[Records from a data source]
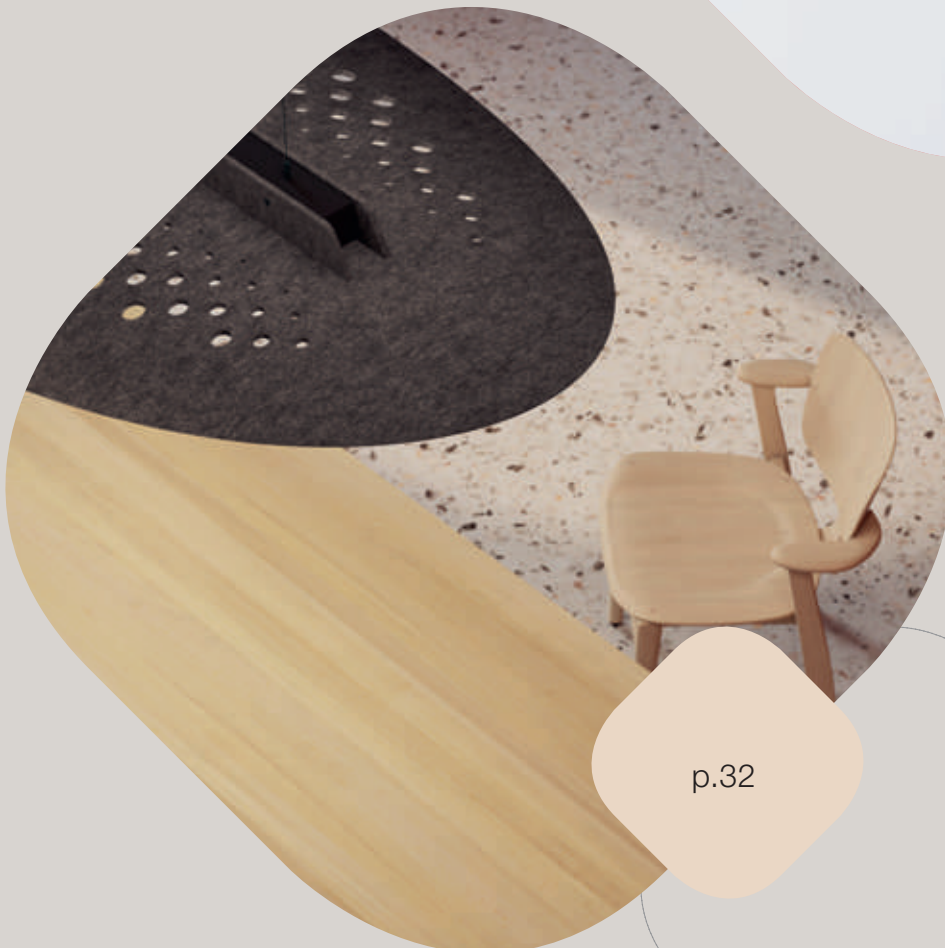

Kallma

Design_Diseño
Singular Lighting

p.32
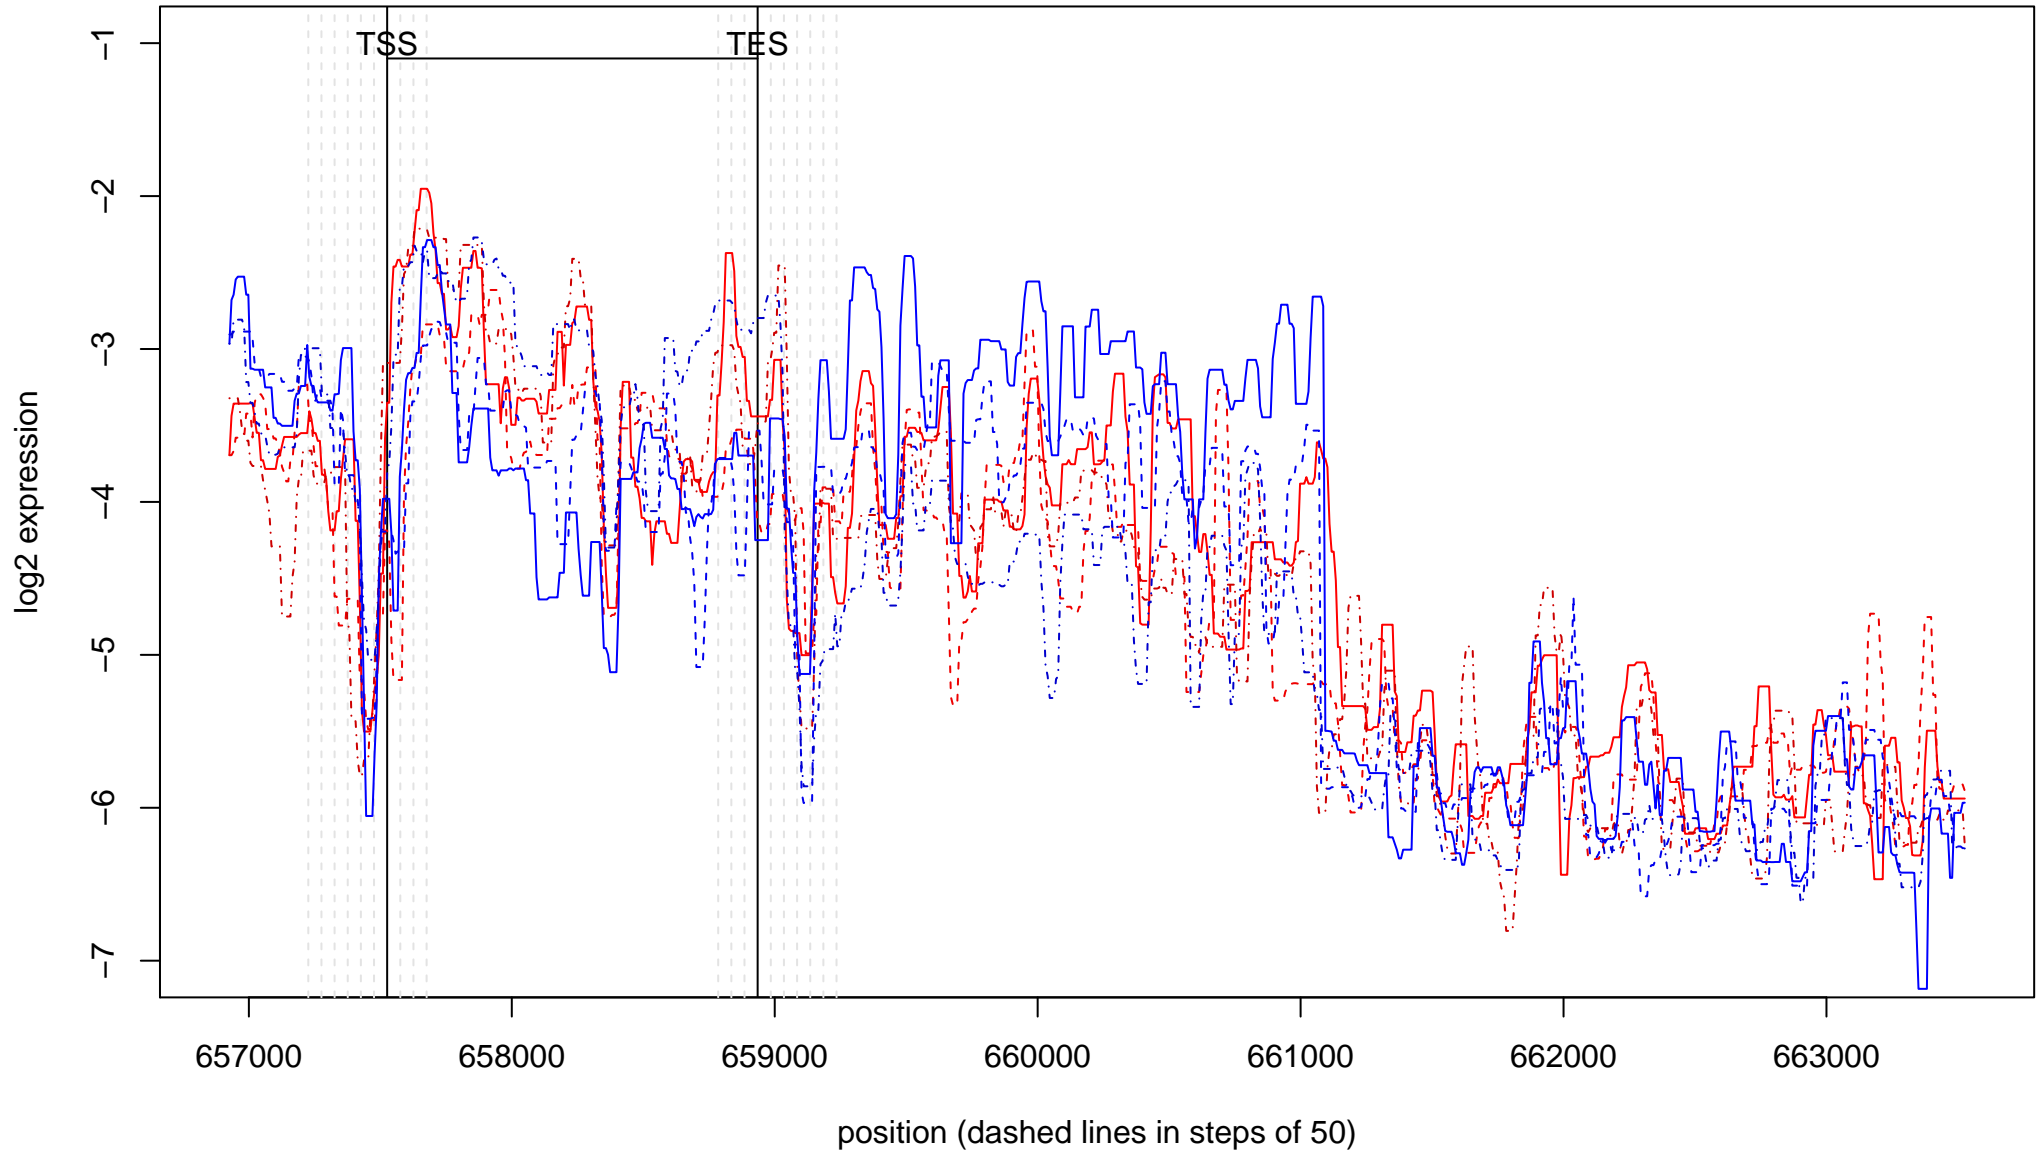

YPR041W (16 + : 648701 – 649918)

YPR042C (16 - : 653659 - 650432)

YPR043W (16 + : 654163 – 654844)

YPR045C (16 - : 656549 - 655137)

YPR046W (16 + : 656796 – 657341)

YPR047W (16 + : 657526 – 658935)

YPR048W (16 + : 659179 – 661050)

WORK INSTRUCTIONS: Leave out the pictures and repeat the remaining data exactly.

RESULT:
Kallma

Design_Diseño
Singular Lighting

p.32

YPR041W (16 + : 648701 – 649918)

YPR042C (16 - : 653659 - 650432)

YPR043W (16 + : 654163 – 654844)

YPR045C (16 - : 656549 - 655137)

YPR046W (16 + : 656796 – 657341)

YPR047W (16 + : 657526 – 658935)

YPR048W (16 + : 659179 – 661050)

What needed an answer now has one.